Верю, сбылись! Хочу, чтобы во всем была у вас удача: в труде, в дружбе, в любви. Пусть судьба, как заботливый старшина, сполна выдаст всем вам положенный по уставу неприкосновенный запас счастья.


Как-то вспоминая с Петром Очеретом минувшую войну, Станислав рассказал, что осенью сорок четвертого года ему довелось, — правда, дней двадцать всего, — воевать против гитлеровцев на Дукельском перевале. Очерет размечтался:

— От бы и мэни подывыться на ти места. И кровь там була. И победа. Там и дружок мий живе. Чех. Дуже добрый хлопец!

Сказал это Петр между прочим, невзначай, но Станислав был бы плохим хозяином, если бы пропустил мимо ушей желание гостя. Сразу же было принято решение: побывать на местах памятных боев.

— А ты, Ян, не хочешь поехать с нами? — неуверенно предложил Станислав. Может быть, брату не очень интересно ездить по местам, где воевали другие. Для Станислава Дукельский перевал стал страницей боевой биографии. Для Яна же он только географический термин, пустой звук.

Но Ян искренне обрадовался:

— Конечно хочу!

Это не была простая вежливость. Солдату всегда интересна и важна земля, где завывали танковые моторы, где в ярости по-жабьи подпрыгивали гаубицы, где белые бинты чернели от проступавшей крови и с горестной быстротой вырастали холмики безымянных могил.
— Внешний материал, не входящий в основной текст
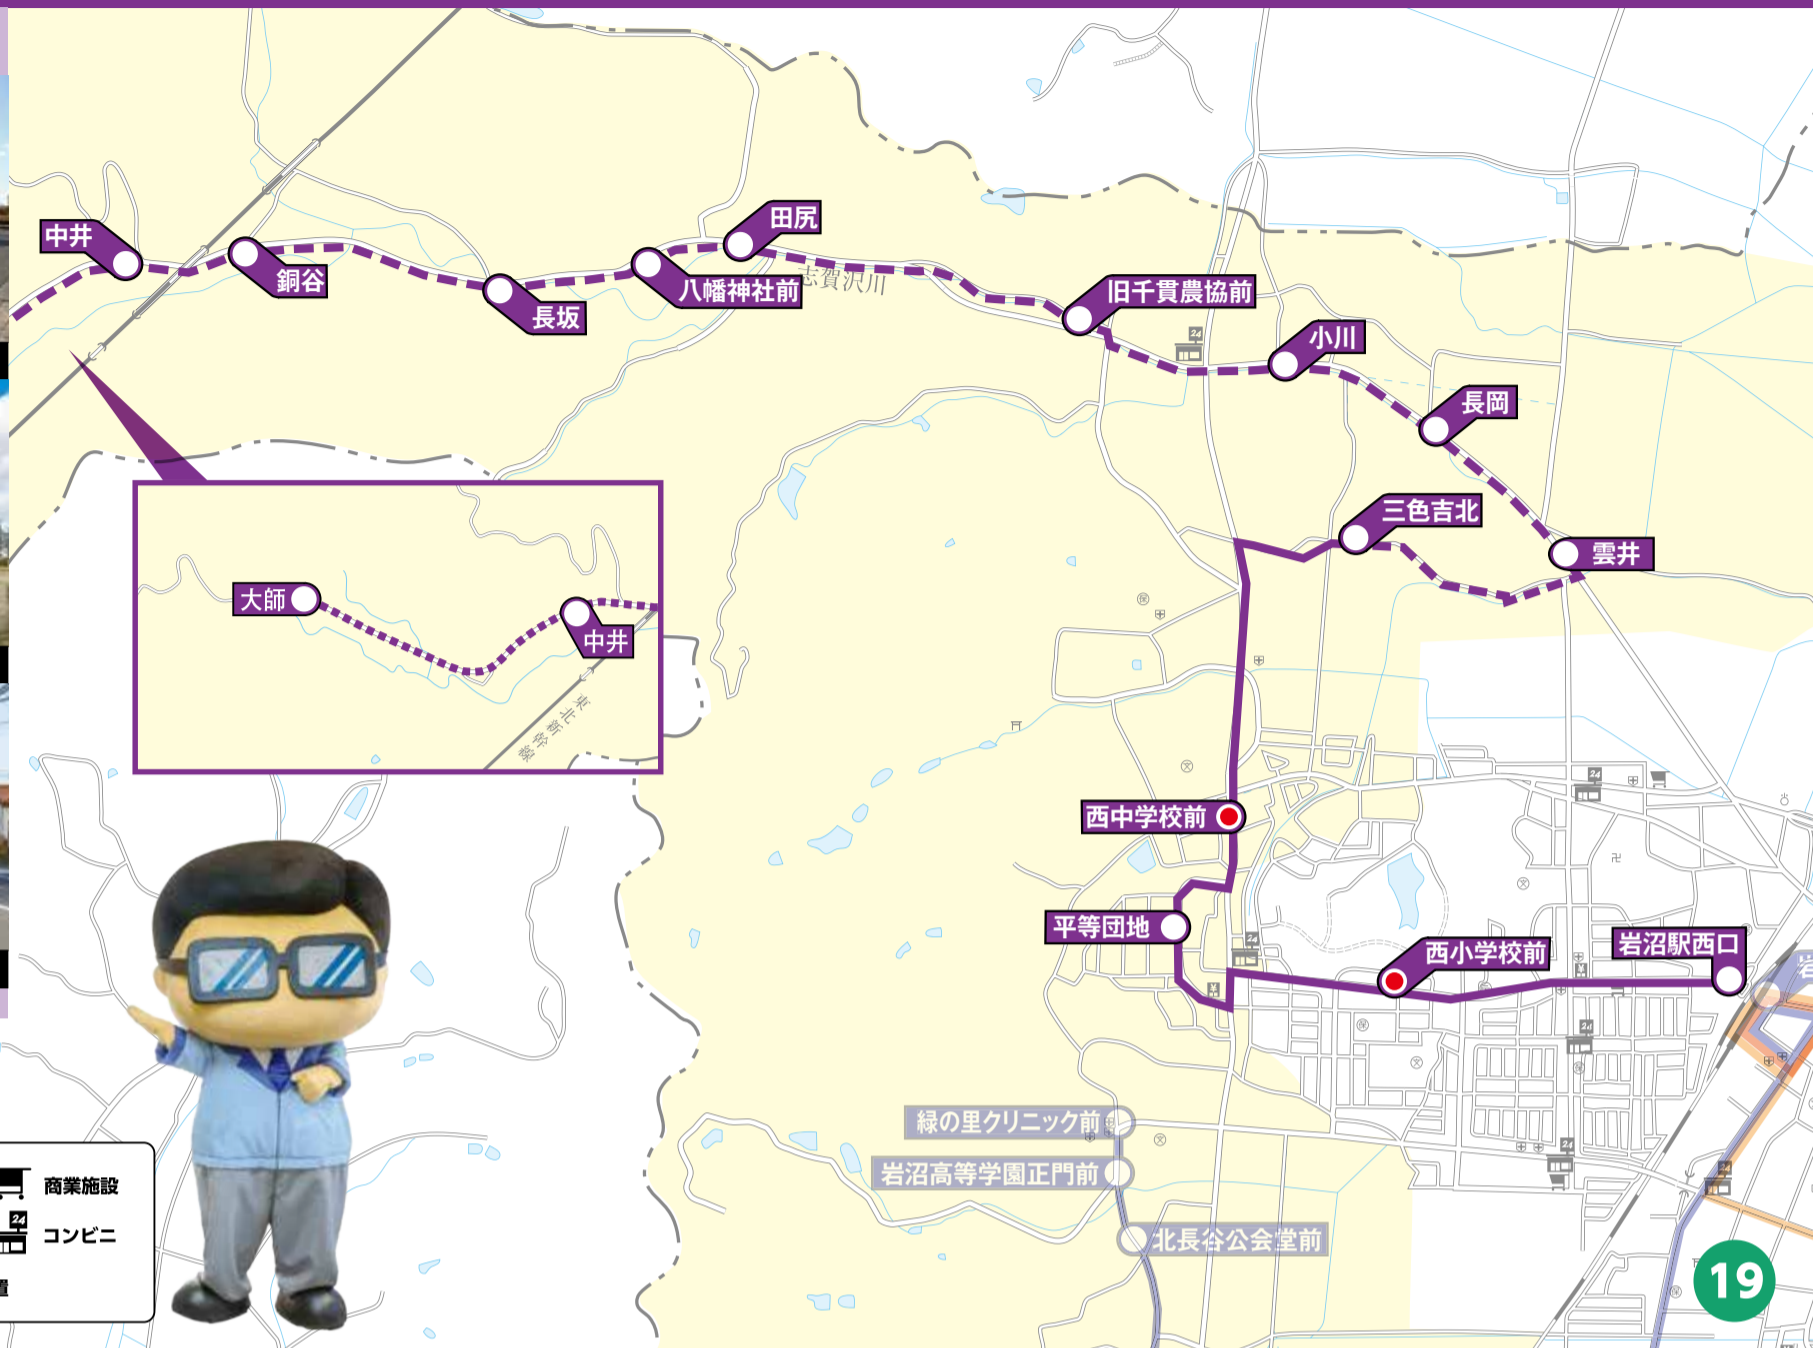

大師線 (急行便/平日限定)

大師 ~ 小川 ~ 長岡 ~ 平等団地 ~ 岩沼西小学校 ~ 岩沼駅西口

この路線で行ける主な施設

岩沼駅西口

【最寄りの停留所】 岩沼駅西口

平等団地周辺

【最寄りの停留所】 平等団地

長岡周辺

【最寄りの停留所】 長岡

大師線で停車する施設

- 生活関連施設凡例
- 医療施設
 - 学校
 - 商業施設
 - 金融機関
 - 郵便局
 - コンビニ
 - 上下線(両側)にバス停留所を設置

大師線 (岩沼駅西口行き)

平日	1便	2便	3便	4便	5便	6便
停留所名	発車予定時刻					
大師	6:24	7:30	9:00	15:32	16:32	17:52
中井	6:26	7:32	9:02	15:34	16:34	17:54
銅谷	6:27	7:33	9:03	15:35	16:35	17:55
長坂	6:28	7:34	9:04	15:36	16:36	17:56
八幡神社前	6:29	7:35	9:05	15:37	16:37	17:57
田尻	6:30	7:36	9:06	15:38	16:38	17:58
旧千貫農協前	6:31	7:37	9:07	15:39	16:39	17:59
小川	6:32	7:38	9:08	15:40	16:40	18:00
長岡	6:33	7:39	9:09	15:41	16:41	18:01
雲井	6:34	7:40	9:10	15:42	16:42	18:02
三色吉北	6:36	7:42	9:12	15:44	16:44	18:04
西中学校前	6:39	7:45	9:15	15:47	16:47	18:07
平等団地	6:40	7:46	9:16	15:48	16:48	18:08
西小学校前	6:42	7:48	9:18	15:50	16:50	18:10
岩沼駅西口	6:45	7:51	9:21	15:53	16:53	18:13

大師線 (大師行き)

平日	1便	2便	3便	4便	5便	6便
停留所名	発車予定時刻					
岩沼駅西口	7:00	8:33	15:05	16:05	17:20	19:00
西小学校前	7:02	8:35	15:07	16:07	17:22	19:02
平等団地	7:04	8:37	15:09	16:09	17:24	19:04
西中学校前	7:05	8:38	15:10	16:10	17:25	19:05
三色吉北	7:08	8:41	15:13	16:13	17:28	19:08
雲井	7:09	8:42	15:14	16:14	17:29	19:09
長岡	7:10	8:43	15:15	16:15	17:30	19:10
小川	7:11	8:44	15:16	16:16	17:31	19:11
旧千貫農協前	7:13	8:46	15:18	16:18	17:33	19:13
田尻	7:14	8:47	15:19	16:19	17:34	19:14
八幡神社前	7:15	8:48	15:20	16:20	17:35	19:15
長坂	7:16	8:49	15:21	16:21	17:36	19:16
銅谷	7:17	8:50	15:22	16:22	17:37	19:17
中井	7:18	8:51	15:23	16:23	17:38	19:18
大師	7:22	8:55	15:27	16:27	17:42	19:22

岩沼市観光 インフォメーション

ハナトピア岩沼

西1が経由します

広さ4.8haの園内には季節の花々が咲き、中央花壇を中心に園内を一周できる回廊では、木々の緑や小鳥たちの鳴き声も楽しめます。

区間…フリー乗降区間 (安全に停車できる場所であれば、どこでも乗降できます。)

※通過予定時刻は交通状況により変更となる場合がございます。予めご了承ください。

※バスの運行状況を確認する場合は、(株)ミヤコーバス TEL0223-22-2171にお問い合わせください。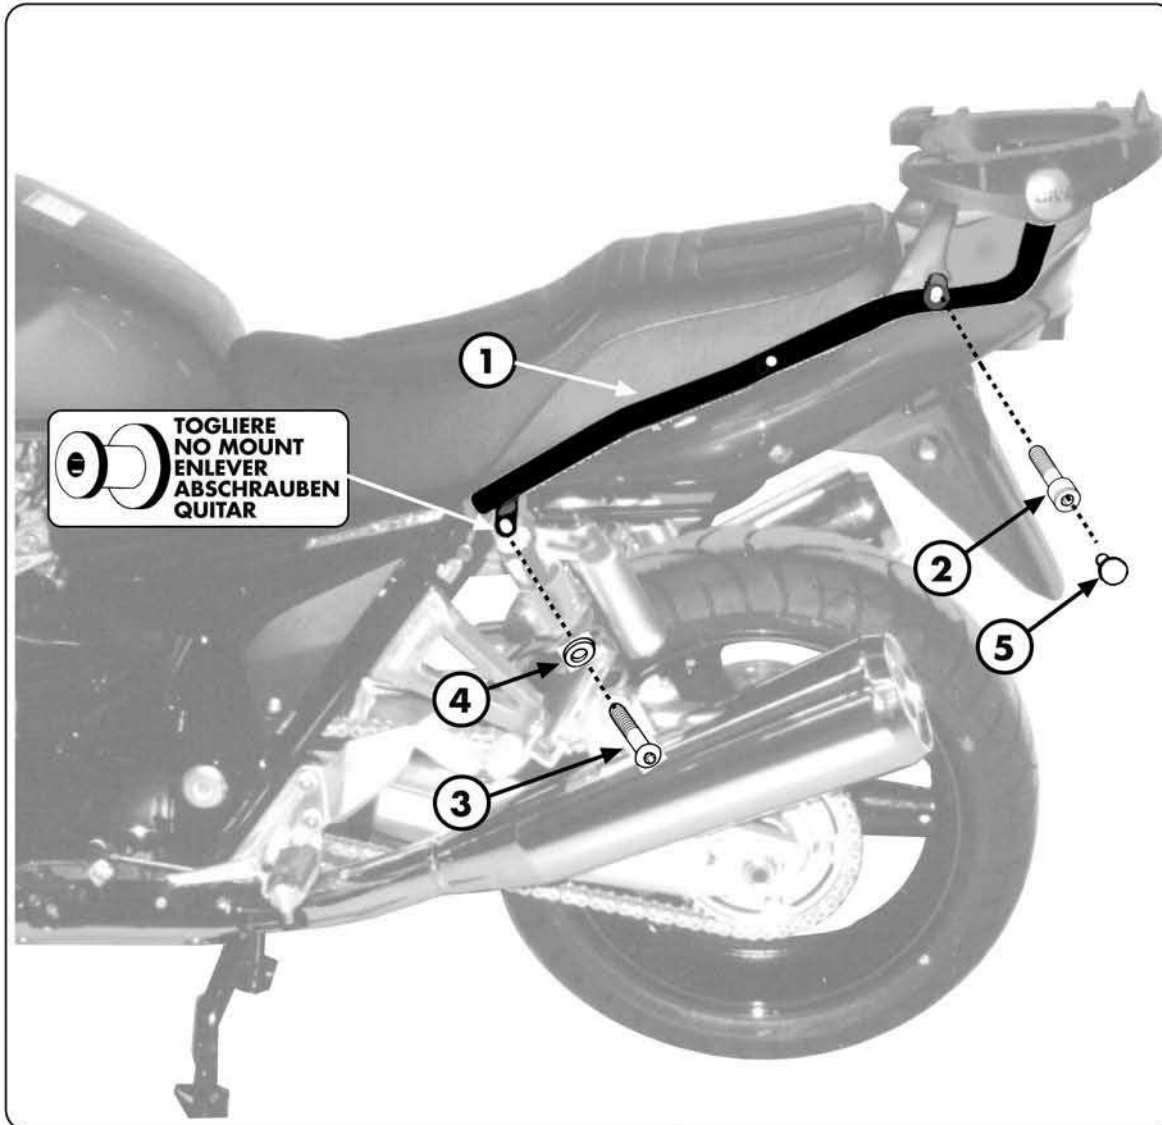

MONORACK SPECIFICO - SPECIFIC MONORACK
 MONORACK SPECIFIQUE - SPEZIFISCHES MONORACK - MONORACK ESPECÍFICO

SUZUKI GSX 1400 2002

ISTRUZIONI DI MONTAGGIO - MOUNTING INSTRUCTIONS
 INSTRUCTIONS DE MONTAGE - BAUANLEITUNG - INSTRUCCIONES DE MONTAJE

 **TOGLIERE
NO MOUNT
ENLEVER
ABSCHRAUBEN
QUITAR**

Было еще одно обстоятельство: изъездил он полмира, а в Карпатах, в родных польских Карпатах, не был ни разу!

— Поеду!

Все устроилось быстро и просто. Станислав взял в воеводстве машину, оформил пропуска на переход польско-чехословацкой границы в районе городов Дукла — Свидниц, и они тронулись в путь.

Хорошо ехать в машине по гладкому, после ночного дождя потемневшему асфальту, встречать лицом голубой ветер, всматриваться в каждый поворот, каждое дерево, каждый дом! Сквозь напластования стольких лет Станислав узнавал: здесь была ночевка, там — блиндаж. На той опушке попал под бомбежку… Все то, что казалось забытым прочно, навсегда, вставало в памяти ярко, во всех подробностях и деталях: с домовитым парком над котелком каши, с теплотой потертой шинели, с палаткой медсанбата, с дружеской улыбкой… Товарищи… Однополчане…


Остался позади маленький, весь в яблоневых садах город Кросно, и по сторонам шоссе замелькали нефтяные вышки. Труженики-насосы, мерно покачиваясь, настойчиво тянули из земли нефть. Скоро Карпаты.

Первую остановку сделали в Дукле, зеленом городке, расположенном километрах в пятнадцати от границы. Появление на улицах Дуклы трех неизвестных никого не заинтересовало и не удивило. Видно, немало теперь ездят по ровному, когда-то стратегическому шоссе, что пересекает городок и устремляется к границе.

Обычной мирной будничной жизнью жила Дукла: бежали из школы с ранцами и сумками ребятишки, дорожники со своими средневековыми котлами и неправдоподобными, как исполинские жуки, неуклюжими флегматичными катками ремонтировали шоссе, домашние хозяйки, как в Москве или в Варшаве, ходили по магазинам. Все как обычно.

А граница — рядом. Но и дотошный наблюдатель не обнаружил бы ее приметы. На улицах городка не видно ни военных, ни пограничников.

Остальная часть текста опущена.